§ **Material provided**

- - -

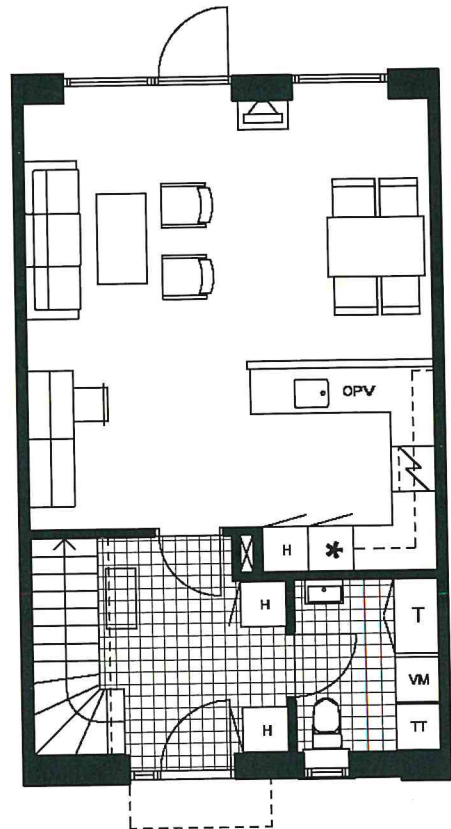

1.sal

1.sal

Type A, blok 1
(Findes spejlvendt i blok 2)X

Mål 1:100

Type A
Mål 1:100

Møbleret

105 kvm

**TINGSTEDET ØLSTYKKE
BOLIGTYPE A**

Dato 01.03.2006
Mål på planer er ca. mål i cm
Ret til ændringer forbeholdes

Signaturforklaring

- * Køle/fryseskab
- OPV Opvaskemaskine
- Kogeplader/indbygningsovn
- H Højskab

- VM Vaskemaskine
- TT Forb. for tørretumbler
- T Tekniskab
- A Antennestik
- T Telefonskik
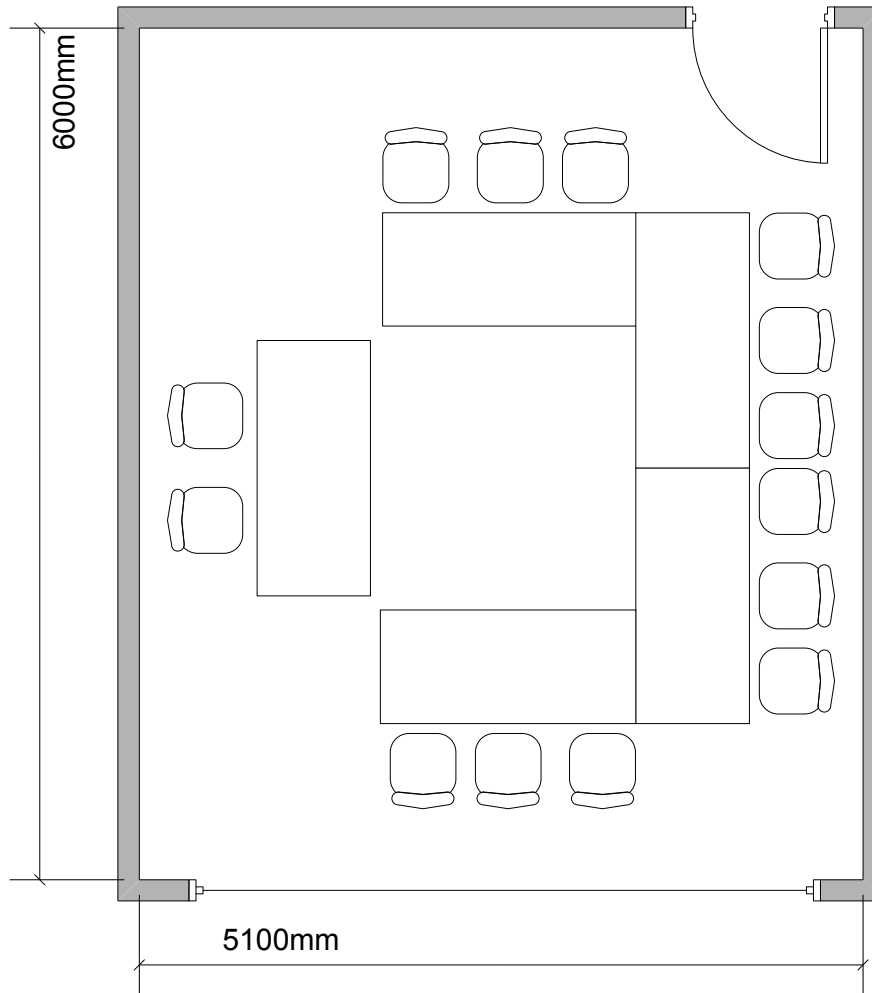

Eugenie

U-Form-Bestuhlung: max. 12 Personen

Masstab 1:50
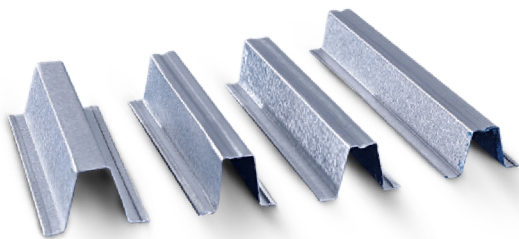

SAKTITRUSS[®]
RANGKA ATAP BAJA RINGAN

SAKTIROOF[®]
ATAP BAJA RINGAN

SAKTIDECK[®]
PLAT LANTAI COR

SAKTIHOLLOW[®]
HOLLOW RANGKA PLAFON

Gunakan Sepatu, Sarung Tangan dan Masker saat pemasangan.

SAKTITRUSS®

RANGKA ATAP BAJA RINGAN

PASTI KUAT PASTI MUDAH

KANAL C

RENG

TALANG

SAKTITRUSS® telah memenuhi persyaratan **SNI 8399 : 2017** (SNI Profil) sehingga lebih terjamin ketebalan dan kualitasnya. **SAKTITRUSS®** sudah banyak digunakan dalam berbagai proyek mulai dari rumah tinggal, komersial building hingga pabrik.
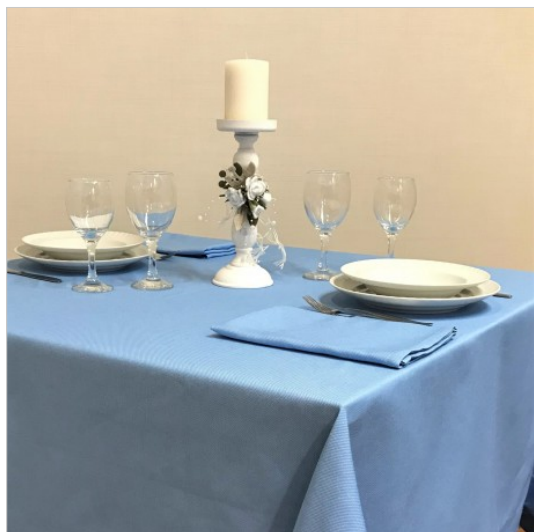

SCHEDA PRODOTTO

Tovagliato Ponza Tc Cielo

Riferimento: PONZA.TC.07

Armatura Tessuto	Jaquard Saia Diagonale
Categoria Prodotto	Tovagliato in Varie Dimensioni
Colore	Celeste
Composizione Tessuto	Cotone 70% Poliestere 30%
Dimensioni Cm.	Personalizzabile
Fantasia Tessuto	Fondo Unito
Lavaggio a Secco	Ammesso
Peso Tessuto	210 gr/mq
Programma Ammesso di Asciugatura	Temperatura Ridotta
Restringimenti al Lavaggio	Trama 3% - Ordito 6%
Rifinitura Orlo	Cucitura Lineare
Stile	Classico
Temperatura Lavaggio Ammessa	Max 70 Gradi
Temperatura Lavaggio Consigliata	Max 60 Gradi
Temperatura Max di Stiro	150 Gradi
Tempi di Consegna	Disponibile all 'Ordine
Tipo Asciugatura	Tamburo Rotativa Ammessa
Tipo di Candeggio	Ammesso al Cloro a Freddo in Soluzione Diluita
Tipo di Coloritura Tintura Indanthrene II	Si
Tipo di Confezione	Orlo Cm. 1,6 Con Angoli Sovrapposti
Tovagliato Serie	Ponza Tc
Utilizzo Consigliato	Ristorazione - Banchettistica - Lavanderia Industriale - Casa - Mense

- - -

Only the lines from the one containing "- H Højskab" through the final line of the records should be transcribed, exactly and with no pictures.

- H Højskab

- VM Vaskemaskine
- TT Forb. for tørretumbler
- T Tekniskab
- A Antennestik
- T Telefonskik

Eugenie

U-Form-Bestuhlung: max. 12 Personen

Masstab 1:50

SAKTITRUSS[®]
RANGKA ATAP BAJA RINGAN

SAKTIROOF[®]
ATAP BAJA RINGAN

SAKTIDECK[®]
PLAT LANTAI COR

SAKTIHOLLOW[®]
HOLLOW RANGKA PLAFON

Gunakan Sepatu, Sarung Tangan dan Masker saat pemasangan.

SAKTITRUSS®

RANGKA ATAP BAJA RINGAN

PASTI KUAT PASTI MUDAH

KANAL C

RENG

TALANG

SAKTITRUSS® telah memenuhi persyaratan **SNI 8399 : 2017** (SNI Profil) sehingga lebih terjamin ketebalan dan kualitasnya. **SAKTITRUSS®** sudah banyak digunakan dalam berbagai proyek mulai dari rumah tinggal, komersial building hingga pabrik.

SCHEDA PRODOTTO

Tovagliato Ponza Tc Cielo

Riferimento: PONZA.TC.07

Armatura Tessuto	Jaquard Saia Diagonale
Categoria Prodotto	Tovagliato in Varie Dimensioni
Colore	Celeste
Composizione Tessuto	Cotone 70% Poliestere 30%
Dimensioni Cm.	Personalizzabile
Fantasia Tessuto	Fondo Unito
Lavaggio a Secco	Ammesso
Peso Tessuto	210 gr/mq
Programma Ammesso di Asciugatura	Temperatura Ridotta
Restringimenti al Lavaggio	Trama 3% - Ordito 6%
Rifinitura Orlo	Cucitura Lineare
Stile	Classico
Temperatura Lavaggio Ammessa	Max 70 Gradi
Temperatura Lavaggio Consigliata	Max 60 Gradi
Temperatura Max di Stiro	150 Gradi
Tempi di Consegna	Disponibile all 'Ordine
Tipo Asciugatura	Tamburo Rotativa Ammessa
Tipo di Candeggio	Ammesso al Cloro a Freddo in Soluzione Diluita
Tipo di Coloritura Tintura Indanthrene II	Si
Tipo di Confezione	Orlo Cm. 1,6 Con Angoli Sovrapposti
Tovagliato Serie	Ponza Tc
Utilizzo Consigliato	Ristorazione - Banchettistica - Lavanderia Industriale - Casa - Mense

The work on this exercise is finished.